─── Provided data
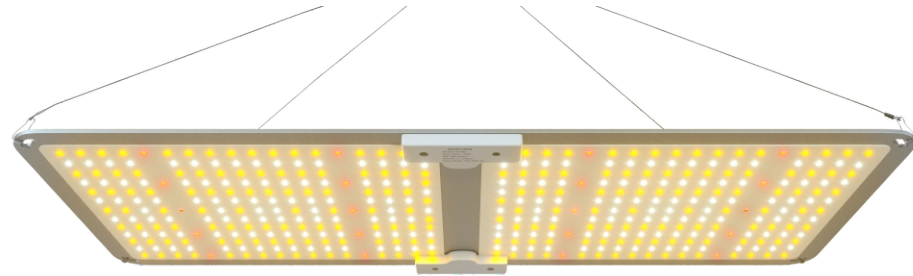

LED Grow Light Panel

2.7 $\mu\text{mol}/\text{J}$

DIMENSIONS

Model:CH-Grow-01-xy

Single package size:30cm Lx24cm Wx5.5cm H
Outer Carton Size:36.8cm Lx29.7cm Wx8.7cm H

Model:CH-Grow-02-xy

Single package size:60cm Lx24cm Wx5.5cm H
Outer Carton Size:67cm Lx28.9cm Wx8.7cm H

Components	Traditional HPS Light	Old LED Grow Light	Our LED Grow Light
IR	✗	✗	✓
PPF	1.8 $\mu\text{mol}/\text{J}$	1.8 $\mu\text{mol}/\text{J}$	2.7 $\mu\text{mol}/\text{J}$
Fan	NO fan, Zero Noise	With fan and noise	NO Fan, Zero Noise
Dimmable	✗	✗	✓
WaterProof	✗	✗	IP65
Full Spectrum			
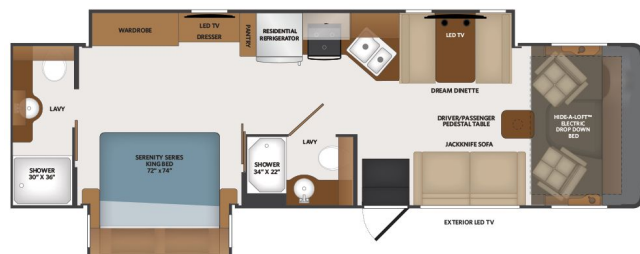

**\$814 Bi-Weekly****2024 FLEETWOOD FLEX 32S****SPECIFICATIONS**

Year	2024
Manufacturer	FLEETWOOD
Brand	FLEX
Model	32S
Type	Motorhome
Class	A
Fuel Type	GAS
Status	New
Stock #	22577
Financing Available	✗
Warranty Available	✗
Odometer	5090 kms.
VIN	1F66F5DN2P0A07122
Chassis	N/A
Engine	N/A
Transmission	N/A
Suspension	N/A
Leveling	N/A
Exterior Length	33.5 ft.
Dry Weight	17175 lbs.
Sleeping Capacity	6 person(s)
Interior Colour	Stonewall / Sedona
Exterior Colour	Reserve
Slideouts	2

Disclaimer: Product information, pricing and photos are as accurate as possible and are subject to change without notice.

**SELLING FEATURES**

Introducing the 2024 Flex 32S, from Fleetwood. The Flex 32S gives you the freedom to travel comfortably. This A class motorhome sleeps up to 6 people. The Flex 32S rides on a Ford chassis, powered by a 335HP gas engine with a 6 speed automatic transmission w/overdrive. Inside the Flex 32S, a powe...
──────
─── Provided data
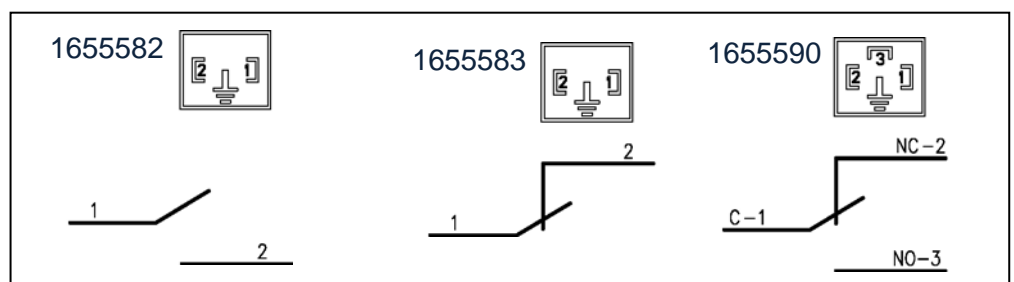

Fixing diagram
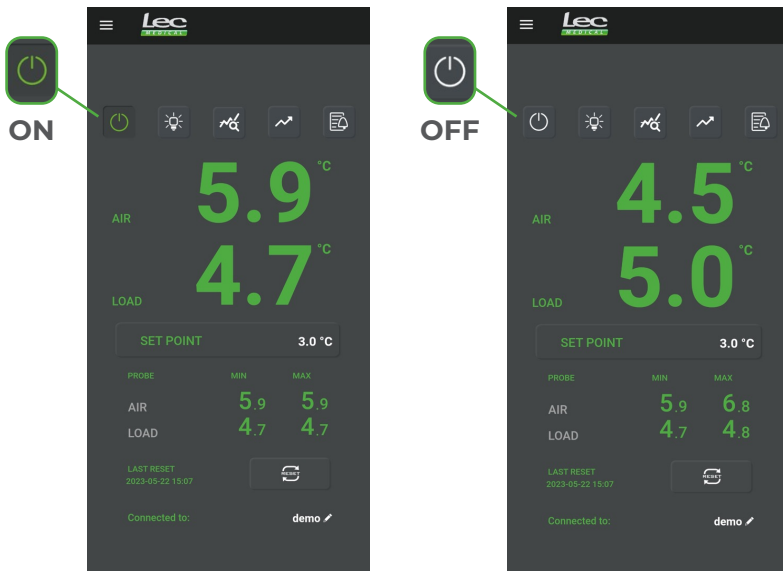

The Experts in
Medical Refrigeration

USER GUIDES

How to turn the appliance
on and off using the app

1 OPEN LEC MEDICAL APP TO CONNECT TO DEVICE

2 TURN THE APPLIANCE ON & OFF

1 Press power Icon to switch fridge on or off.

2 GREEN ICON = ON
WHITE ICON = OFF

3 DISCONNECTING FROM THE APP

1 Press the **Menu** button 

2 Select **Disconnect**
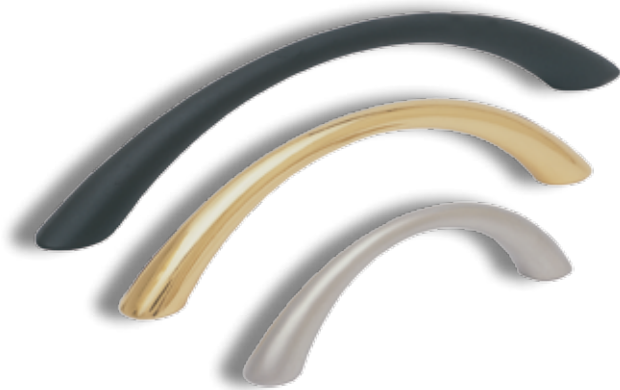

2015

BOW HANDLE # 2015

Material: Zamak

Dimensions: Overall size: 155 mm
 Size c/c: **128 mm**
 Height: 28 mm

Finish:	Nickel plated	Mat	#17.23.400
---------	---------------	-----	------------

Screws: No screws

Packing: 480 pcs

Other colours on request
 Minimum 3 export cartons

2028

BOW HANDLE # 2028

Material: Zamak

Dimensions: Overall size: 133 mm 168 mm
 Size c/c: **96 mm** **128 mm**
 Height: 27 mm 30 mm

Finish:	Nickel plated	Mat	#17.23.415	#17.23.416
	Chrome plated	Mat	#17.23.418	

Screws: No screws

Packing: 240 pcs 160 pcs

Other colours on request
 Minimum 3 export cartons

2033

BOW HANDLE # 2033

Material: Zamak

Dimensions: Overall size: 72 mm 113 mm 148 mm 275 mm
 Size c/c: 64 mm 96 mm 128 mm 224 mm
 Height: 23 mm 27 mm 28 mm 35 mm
──────
─── Provided data
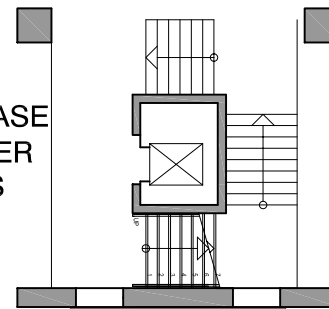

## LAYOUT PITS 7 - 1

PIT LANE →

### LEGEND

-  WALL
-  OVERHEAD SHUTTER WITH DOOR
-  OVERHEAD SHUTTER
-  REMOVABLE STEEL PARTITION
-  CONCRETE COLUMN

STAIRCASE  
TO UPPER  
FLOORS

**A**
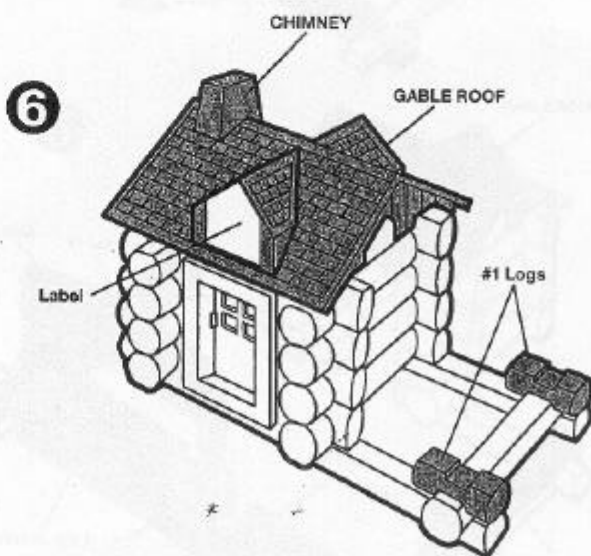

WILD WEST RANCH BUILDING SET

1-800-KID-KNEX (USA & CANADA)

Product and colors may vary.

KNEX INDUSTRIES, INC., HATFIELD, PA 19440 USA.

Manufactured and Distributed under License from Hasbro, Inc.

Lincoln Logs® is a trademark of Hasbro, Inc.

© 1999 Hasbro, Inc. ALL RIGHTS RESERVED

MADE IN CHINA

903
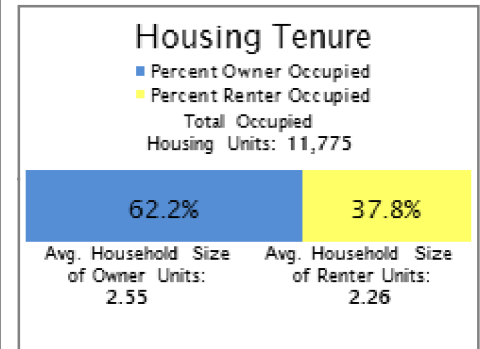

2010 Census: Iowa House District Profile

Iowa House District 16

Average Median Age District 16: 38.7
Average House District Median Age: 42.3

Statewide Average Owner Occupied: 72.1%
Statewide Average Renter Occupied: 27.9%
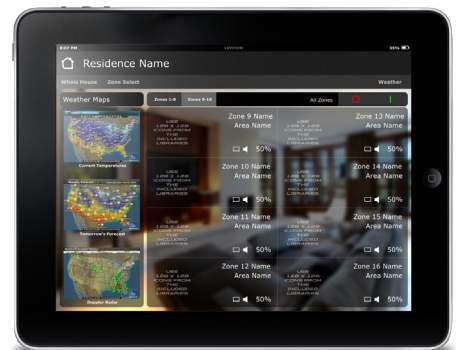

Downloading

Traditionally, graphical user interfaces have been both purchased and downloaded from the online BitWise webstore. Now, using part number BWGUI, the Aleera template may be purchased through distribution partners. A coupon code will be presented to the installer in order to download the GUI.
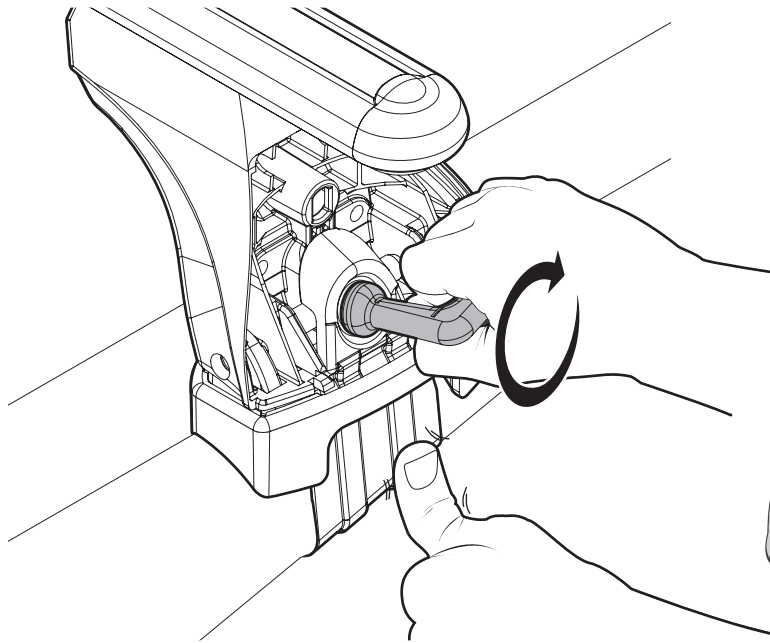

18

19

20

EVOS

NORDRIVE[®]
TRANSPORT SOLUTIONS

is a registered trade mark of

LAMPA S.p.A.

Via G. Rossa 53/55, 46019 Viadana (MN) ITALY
──────
Print nothing except the lines above from the one containing "MADE IN CHINA" down to the one containing "Downloading", both included, exactly as written and free of pictures.

MADE IN CHINA

903

2010 Census: Iowa House District Profile

Iowa House District 16

Average Median Age District 16: 38.7
Average House District Median Age: 42.3

Statewide Average Owner Occupied: 72.1%
Statewide Average Renter Occupied: 27.9%

Downloading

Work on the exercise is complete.